Note that we recognize that the masking strategy can introduce a shift in the distribution of pixel intensities. However, in our experiments, we observed that this potential shift did not impact the explanations. An experiment where the distribution is approximately preserved is included in “Appendix C”.

Masking distribution There are several ways to sample the masks in Eq. (2), for instance by letting each \(M_{ij}(n)\) be iid. Bernoulli. However, sampling masks with the same size as the input results in a massive sample space, and simultaneously makes it challenging to create smooth masks that cover different portions of the image.Footnote 2

To avoid these problems, we generate masks as suggested by Petsiuk et al. (2018). Binary masks of smaller size than the input image are generated, where each element of these smaller masks is sampled from a Bernoulli distribution with probability p. These masks are then upsampled using bilinear interpolation to the same size as the image. The distribution for \(M_{ij}\) is then a continuous distribution between 0 and 1. Specifically: we sample N binary masks, each with size \(h\times w\), where \(h<H\) and \(w<W\). We upsample these masks to size \((h+1)C_H \times (w+1)C_W\), where \(C_H\times C_W=\lfloor H/h\rfloor \times \lfloor W/w\rfloor \) is the size of the cell in the upsampled masks.
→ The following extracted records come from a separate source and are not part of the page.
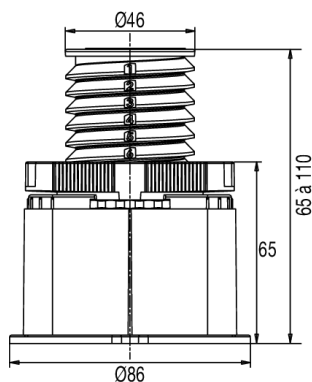

E62136

Collection : Hors collection

Principaux atouts :

Caractéristiques techniques

- DIMENSIONS : 8,60 x 8,60 x 11 cm
- MATÉRIAU : N/A
- DESCRIPTION KIT DE RÉHAUSSE : 15 pieds réglables de 6,5 à 11 cm pour rehausse de receveurs
- POIDS : 1 kg
- TYPE D'INSTALLATION : Posé
- ANTIDÉRAPANT : Non

Dessin technique

Descriptif CCTP : Kit de réhausse 15 pieds. E62136. Collection : Hors collection. DIMENSIONS : 8,60 x 8,60 x 11 cm. POIDS : 1 kg. MATÉRIAU : N/A. TYPE D'INSTALLATION : Posé. DESCRIPTION KIT DE RÉHAUSSE : 15 pieds réglables de 6,5 à 11 cm pour rehausse de receveurs . ANTIDÉRAPANT : Non.

Lastly, we crop the final masks of size \(H\times W\) randomly from the \((h+1)C_H \times (w+1)C_W\) masks.

Number of masks required In order to minimize the computational cost of RELAX, we derive the following lower bound on the number of masks required for a certain estimation error.

Theorem 3.1

Suppose \(s(\cdot , \cdot )\) is bounded in (0, 1).Footnote 3 Then, for any \(\delta \in (0, 1)\) and \(t > 0\), if N in Eq. (2), satisfies:

$$\begin{aligned} N \ge -\frac{\ln (\delta /2)}{2t^2}, \end{aligned}$$
(4)

we have \(\textrm{P}(|\bar{R}_{ij} - R_{ij}|\ge t)\le \delta \).

Theorem 3.1 states that if N satisfies Eq. (4), we are able to estimate \(R_{ij}\) to an absolute error of less than t with probability at least \(1-\delta \). See “Appendix E” for proof and verification of bound. In all of our experiments, we generate 3000 masks, which ensures an estimation error below 0.01 with a probability of 0.99.

RELAX from a kernel perspective To provide insights into the geometrical properties of RELAX, we present a kernel viewpoint of Eq. (2).

Theorem 3.2

Suppose the similarity function \(s(\cdot , \cdot )\) is a valid Mercer kernel (Mercer, 1909). The importance \(\bar{R}_{ij}\) then acts as a linear scoring function between \(\textbf{h}\), and the weighted mean of \(\bar{\textbf{h}}_1, \dots , \bar{\textbf{h}}_N\) in the reproducing kernel Hilbert space (RKHS) induced by \(s(\cdot , \cdot )\). That is:

$$\begin{aligned} \bar{R}_{ij} = \langle \phi (\textbf{h}), \frac{1}{N}\sum _{n=1}^N\phi (\bar{\textbf{h}}_n) M_{ij}(n)\rangle _{\mathcal H}, \end{aligned}$$
(5)

where \(\phi : \mathbb R^d \rightarrow \mathcal H \) is the mapping to the RKHS, \(\mathcal H\), induced by the kernel \(s(\cdot , \cdot )\), and \(\langle \cdot , \cdot \rangle _{\mathcal H}\) is the inner product on \(\mathcal H\).

Theorem 3.2 provides interesting insight, as many scoring functions are based on inner-products, e.g. between points of interest and class-conditional means (e.g., Fisher discriminant analysis, Bayes classifier under Gaussian distributions with equal covariance structure). This means that even though RELAX is a novel approach, it is founded in well-known statistical concepts (McCullagh & Nelder, 1989).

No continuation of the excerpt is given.